The father also contends the State failed to make reasonable efforts to reunite him with the children. The State is required to “make every reasonable effort to return the children to the children’s home as quickly as possible consistent with the best interests of the child.” Iowa Code § 232.102(7); see also Iowa Code § 232.102(10)(a) (defining reasonable efforts). While the State has an obligation to make reasonable efforts toward reunification, a parent has an equal obligation to demand other, different, or additional services prior to a permanency or termination hearing or the issue is considered waived for further consideration on appeal. In re A.A.G., 708 N.W.2d 85, 91 (Iowa Ct. App. 2005).

Here, the father requested additional visitation with the children and that request was granted by the Department. The father never made any additional request for services during the course of the CINA proceedings. Accordingly, this issue is not preserved for our review. See In re L.M.W., 518 N.W.2d 804, 807 (Iowa Ct. App. 1994) (“A challenge to the sufficiency of services should be raised in the course of the child in need of assistance proceedings.”).
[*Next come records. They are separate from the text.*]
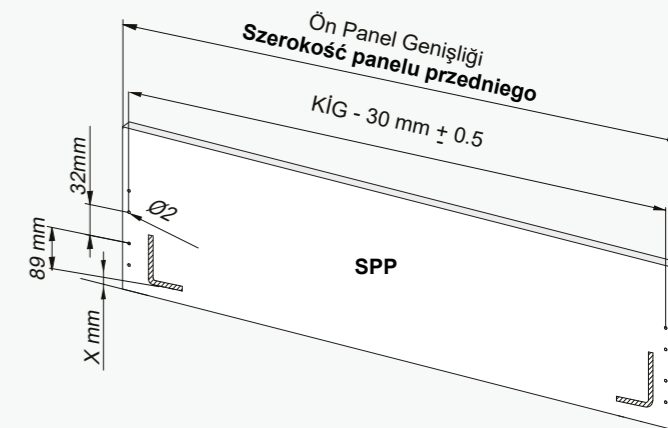

Kabin Ölçüleri / Wymiary szafki

Rayların Vida Konum Ölçüleri / Rozmieszczenie wkrętów dla prowađnıcı

Rayı, koyu renk ile işaretlenmiş deliklerden vidalayınız.  
 Przykręć prowađnicę w zaznaczonych otworach.

Parçalar / Części

Bordürsüz Ön Panel & Bağlantı Parçası  
 Bez relingów panelu prowađnıcı i elementów połączniowych

Rayların Vida Konum Ölçüleri / Rozmieszczenie wkrętów dla prowađnıcı

Teknik Ölçüler / Wymiary techniczne

T = Sipariş sırasında belirlenen taban tahtası kalınlığı.  
 Grubość panelu podstawy okreşlona podczas zamawiania.

| K = 16mm | KG:450                                      | KG:600                                      | KG:900                                      | KG:1200                                    |
|----------|---|---|---|--|
| NB:350   | X:160<br>Y:243<br>Z:117,5<br>D:338<br>G:396 | X:160<br>Y:243<br>Z:192,5<br>D:338<br>G:546 | X:160<br>Y:243<br>Z:342,5<br>D:338<br>G:846 | X  |
| NB:450   | X:160<br>Y:243<br>Z:117,5<br>D:438<br>G:396 | X:160<br>Y:243<br>Z:192,5<br>D:438<br>G:546 | X:547<br>Y:271<br>Z:149<br>D:438<br>G:846   | X  |
| NB:500   | X:160<br>Y:243<br>Z:117,5<br>D:488<br>G:396 | X:160<br>Y:243<br>Z:192,5<br>D:488<br>G:546 | X:547<br>Y:321<br>Z:149<br>D:488<br>G:846   | X:547<br>Y:321<br>Z:299<br>D:488<br>G:1146 |
| K = 18mm | KG:450                                      | KG:600                                      | KG:900                                      | KG:1200                                    |
| NB:350   | X:156<br>Y:243<br>Z:117,5<br>D:338<br>G:392 | X:156<br>Y:243<br>Z:192,5<br>D:338<br>G:542 | X:156<br>Y:243<br>Z:342,5<br>D:338<br>G:842 | X  |
| NB:450   | X:156<br>Y:243<br>Z:117,5<br>D:438<br>G:392 | X:156<br>Y:243<br>Z:192,5<br>D:438<br>G:542 | X:543<br>Y:271<br>Z:149<br>D:438<br>G:842   | X  |
| NB:500   | X:156<br>Y:243<br>Z:117,5<br>D:488<br>G:392 | X:156<br>Y:243<br>Z:192,5<br>D:488<br>G:542 | X:543<br>Y:321<br>Z:149<br>D:488<br>G:842   | X:543<br>Y:321<br>Z:299<br>D:488<br>G:1142 |
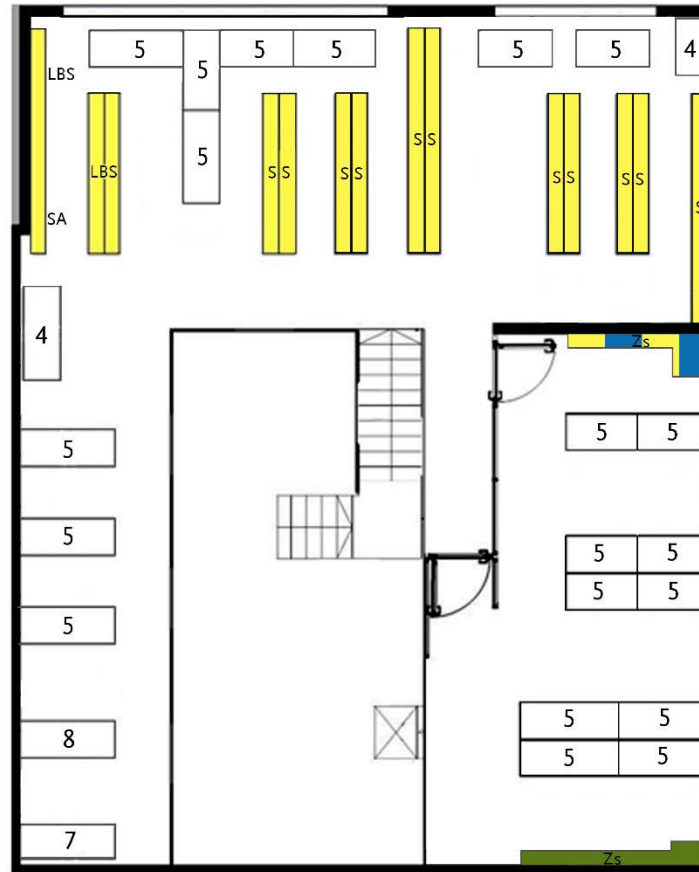

ERBA-Bibliothek

Erdgeschoss

Ausstattung:

- 1 Service und Information
- 2 Selbstabholungsregal
- 3 Selbstverbuchung

Obergeschoss

- 4 Rechercheplätze
- 5 Arbeitsplätze
- 6 campusprint-Kopiergerät

- 7 Aufsichtscanner
- 8 Stapelzugscanner
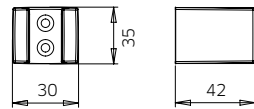

Supporto doccia fisso in ottone.
Fixed bracket in brass.
Support fixe en laiton.
Missing Brausehalter.
Soporte de ducha fijo en latón.

Supporto doccia fisso quadro in abs.
Fixed bracket in abs.
Support fixe en abs.
Abs Brausehalter.
Soporte de ducha fijo en abs.

Supporto doccia quadro orientabile in abs.
Swivel bracket in abs.
Support orientable en abs.
Abs Verstellbarer Brausehalter.
Soporte de ducha orientable en abs.

Supporto doccia tondo orientabile in abs.
Swivel bracket in abs.
Support orientable en abs.
Abs Verstellbarer Brausehalter.
Soporte de ducha orientable en abs.

Supporto doccia retrò orientabile in abs.
Retrò swivel bracket in abs.
Support retrò orientable en abs.
Abs Retrò Verstellbarer Brausehalter.
Soporte de ducha retrò orientable en abs.

10 € 29,00 ■ box = 50 pz

10 € 8,00 ■ box = 50 pz

10 € 18,00 ■ box = 50 pz

10 € 9,00 ■ box = 50 pz

10 € 5,00 ■ box = 50 pz

991045

991025

991026

991031

991081

Supporto doccia fisso tondo in ottone.
Fixed bracket in brass.
Support fixe en laiton.
Missing Brausehalter.
Soporte de ducha fijo en latón.

Supporto doccia fisso tondo in abs.
Fixed bracket in abs.
Support fixe en abs.
Abs Brausehalter.
Soporte de ducha fijo en abs.

Supporto doccia fisso tondo in abs.
Fixed bracket in abs.
Support fixe en abs.
Abs Brausehalter.
Soporte de ducha fijo en abs.

Supporto doccia fisso quadro in ottone, con erogazione.
Brass fixed bracket, with water delivery.
Support mural fixe en laiton, avec alimentation.
Missing Brausehalter mit Wasserversorgung.
Soporte ducha fijo en latón, con toma de agua.

Supporto doccia fisso tondo in ottone, con erogazione.
Brass fixed bracket, with water delivery.
Support mural fixe en laiton, avec alimentation.
Missing Brausehalter mit Wasserversorgung.
Soporte ducha fijo en latón, con toma de agua.

However, even assuming, arguendo, that the father had properly preserved this issue for our review, we would still find that the father was provided more than adequate services to promote reunification with his children. The reasonable efforts requirement is not a strict substantive requirement for termination. C.B., 611 N.W.2d at 493. Instead, the services provided by the DHS to reunify parent and child after removal impact the State’s burden of proving the child cannot be safely returned to the care of a parent. Id. The record here shows that the Department has offered or provided the father numerous services since the case began; the father simply did not avail himself of those services until just before the State filed the petition for termination of his parental rights. We conclude the State has met its burden.

III. Conclusion.

We agree with the juvenile court that the State proved the grounds for termination under section 232.116(1)(h) by clear and convincing evidence and that termination of the father’s parental rights was in the children’s best interests. Accordingly, we affirm the judgment of the juvenile court.

AFFIRMED.

[1] This appeal concerns only the termination of the father’s parental rights. The mother has not appealed.
[2] Because the father does not suggest any of the circumstances contained in Iowa Code section 232.116(3) exist, we do not have to discuss this step of the analysis. See P.L, 778 N.W.2d at 40.